_What to do_
Give back an exact copy of the lines in the records below, from the line that has "svitkom, bez utikača" through the line that has "- Závít 5/4", and nothing besides.

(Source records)
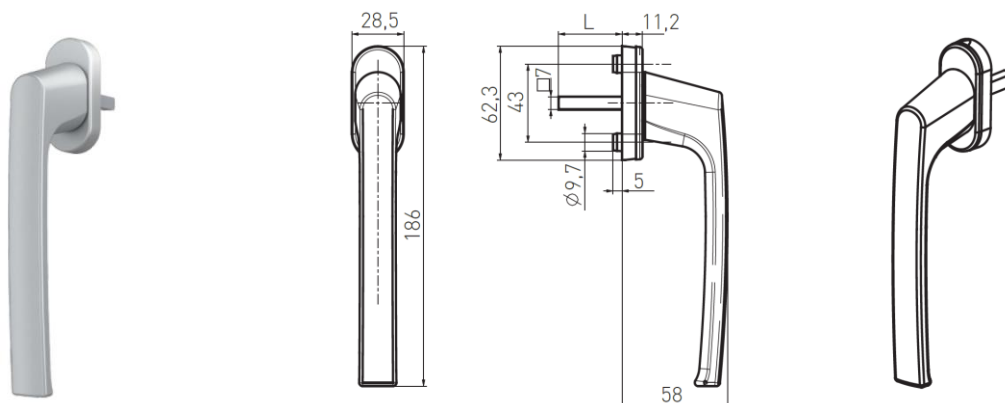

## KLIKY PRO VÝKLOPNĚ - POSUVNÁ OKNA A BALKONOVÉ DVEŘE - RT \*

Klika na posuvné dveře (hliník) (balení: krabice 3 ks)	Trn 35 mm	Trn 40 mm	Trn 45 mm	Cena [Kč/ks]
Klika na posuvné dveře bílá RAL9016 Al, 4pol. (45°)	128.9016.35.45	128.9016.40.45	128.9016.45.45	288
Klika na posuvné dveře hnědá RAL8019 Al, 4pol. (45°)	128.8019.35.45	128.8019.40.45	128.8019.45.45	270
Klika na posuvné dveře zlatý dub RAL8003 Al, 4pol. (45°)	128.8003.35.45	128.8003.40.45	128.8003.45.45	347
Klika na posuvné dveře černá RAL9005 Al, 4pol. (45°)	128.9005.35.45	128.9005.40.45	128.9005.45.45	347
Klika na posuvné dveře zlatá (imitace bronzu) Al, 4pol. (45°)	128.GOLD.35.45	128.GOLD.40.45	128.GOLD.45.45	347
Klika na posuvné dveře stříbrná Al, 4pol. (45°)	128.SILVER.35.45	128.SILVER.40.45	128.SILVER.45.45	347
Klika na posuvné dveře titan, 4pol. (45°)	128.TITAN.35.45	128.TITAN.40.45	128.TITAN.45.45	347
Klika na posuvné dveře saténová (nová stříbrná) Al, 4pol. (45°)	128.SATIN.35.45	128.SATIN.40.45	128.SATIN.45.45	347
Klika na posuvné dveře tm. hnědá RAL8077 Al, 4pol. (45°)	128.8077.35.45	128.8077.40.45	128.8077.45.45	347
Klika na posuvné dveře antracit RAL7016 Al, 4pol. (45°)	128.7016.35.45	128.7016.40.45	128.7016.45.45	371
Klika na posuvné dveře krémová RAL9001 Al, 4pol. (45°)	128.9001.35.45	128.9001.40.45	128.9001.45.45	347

--

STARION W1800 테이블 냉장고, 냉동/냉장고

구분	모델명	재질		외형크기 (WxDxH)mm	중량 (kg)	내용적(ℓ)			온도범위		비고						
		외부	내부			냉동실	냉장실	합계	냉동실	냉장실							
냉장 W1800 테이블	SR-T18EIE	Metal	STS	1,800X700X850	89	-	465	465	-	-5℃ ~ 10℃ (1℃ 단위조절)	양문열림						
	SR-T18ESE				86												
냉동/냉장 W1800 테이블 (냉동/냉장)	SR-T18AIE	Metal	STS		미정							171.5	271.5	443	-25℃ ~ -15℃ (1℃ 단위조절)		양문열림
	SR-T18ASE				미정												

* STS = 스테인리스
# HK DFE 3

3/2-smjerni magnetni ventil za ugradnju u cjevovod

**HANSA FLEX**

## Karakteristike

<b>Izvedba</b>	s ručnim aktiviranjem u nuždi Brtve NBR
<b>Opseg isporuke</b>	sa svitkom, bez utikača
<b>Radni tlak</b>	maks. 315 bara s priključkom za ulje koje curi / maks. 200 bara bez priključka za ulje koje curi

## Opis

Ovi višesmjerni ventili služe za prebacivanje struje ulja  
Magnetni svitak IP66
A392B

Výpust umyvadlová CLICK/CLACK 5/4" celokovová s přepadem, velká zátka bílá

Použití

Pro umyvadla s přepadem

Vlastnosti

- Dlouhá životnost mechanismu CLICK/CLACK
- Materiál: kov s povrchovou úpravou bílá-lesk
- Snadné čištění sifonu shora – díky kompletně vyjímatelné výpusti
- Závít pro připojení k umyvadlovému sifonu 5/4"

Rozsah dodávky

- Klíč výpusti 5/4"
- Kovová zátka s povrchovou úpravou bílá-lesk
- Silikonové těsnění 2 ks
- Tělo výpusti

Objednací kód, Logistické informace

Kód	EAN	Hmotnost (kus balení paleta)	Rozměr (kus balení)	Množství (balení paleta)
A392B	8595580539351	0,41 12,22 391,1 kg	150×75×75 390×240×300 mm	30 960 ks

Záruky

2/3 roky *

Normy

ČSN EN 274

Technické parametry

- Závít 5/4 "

...

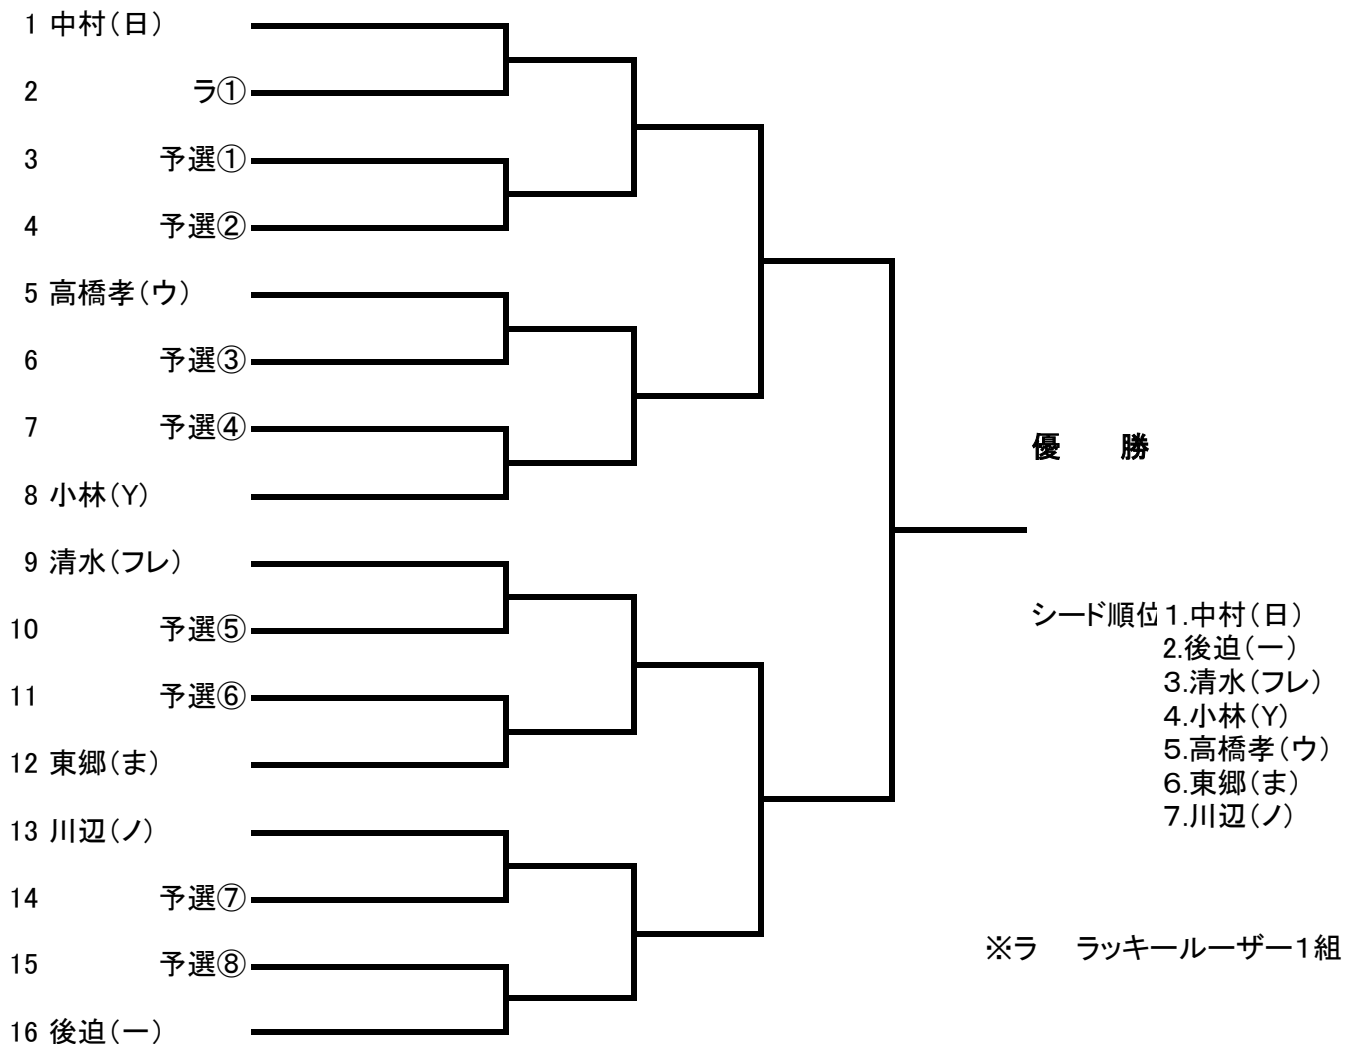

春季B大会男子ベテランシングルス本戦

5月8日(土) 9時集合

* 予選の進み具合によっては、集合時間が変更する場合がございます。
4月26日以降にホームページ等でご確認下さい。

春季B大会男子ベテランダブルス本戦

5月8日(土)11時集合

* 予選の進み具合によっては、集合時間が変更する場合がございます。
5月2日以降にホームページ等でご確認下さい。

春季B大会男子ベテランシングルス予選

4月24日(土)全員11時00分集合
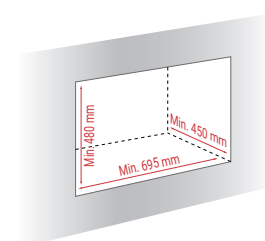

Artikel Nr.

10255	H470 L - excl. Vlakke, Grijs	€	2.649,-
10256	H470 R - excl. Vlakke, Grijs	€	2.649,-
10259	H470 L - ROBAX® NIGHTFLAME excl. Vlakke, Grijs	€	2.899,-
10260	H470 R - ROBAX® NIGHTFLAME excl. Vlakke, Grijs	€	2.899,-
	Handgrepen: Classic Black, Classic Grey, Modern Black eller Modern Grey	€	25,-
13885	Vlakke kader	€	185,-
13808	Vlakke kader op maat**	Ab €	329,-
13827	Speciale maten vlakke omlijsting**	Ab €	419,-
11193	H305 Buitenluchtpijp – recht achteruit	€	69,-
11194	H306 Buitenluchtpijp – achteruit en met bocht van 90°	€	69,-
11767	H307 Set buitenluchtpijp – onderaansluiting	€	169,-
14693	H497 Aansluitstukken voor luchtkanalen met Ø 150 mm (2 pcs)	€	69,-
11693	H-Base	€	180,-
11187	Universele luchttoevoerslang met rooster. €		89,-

_Written solution_
<b>Opseg isporuke</b>	sa svitkom, bez utikača
<b>Radni tlak</b>	maks. 315 bara s priključkom za ulje koje curi / maks. 200 bara bez priključka za ulje koje curi

## Opis

Ovi višesmjerni ventili služe za prebacivanje struje ulja  
Magnetni svitak IP66
A392B

Výpust umyvadlová CLICK/CLACK 5/4" celokovová s přepadem, velká zátka bílá

Použití

Pro umyvadla s přepadem

Vlastnosti

- Dlouhá životnost mechanismu CLICK/CLACK
- Materiál: kov s povrchovou úpravou bílá-lesk
- Snadné čištění sifonu shora – díky kompletně vyjímatelné výpusti
- Závít pro připojení k umyvadlovému sifonu 5/4"

Rozsah dodávky

- Klíč výpusti 5/4"
- Kovová zátka s povrchovou úpravou bílá-lesk
- Silikonové těsnění 2 ks
- Tělo výpusti

Objednací kód, Logistické informace

Kód	EAN	Hmotnost (kus balení paleta)	Rozměr (kus balení)	Množství (balení paleta)
A392B	8595580539351	0,41 12,22 391,1 kg	150×75×75 390×240×300 mm	30 960 ks

Záruky

2/3 roky *

Normy

ČSN EN 274

Technické parametry

- Závít 5/4 "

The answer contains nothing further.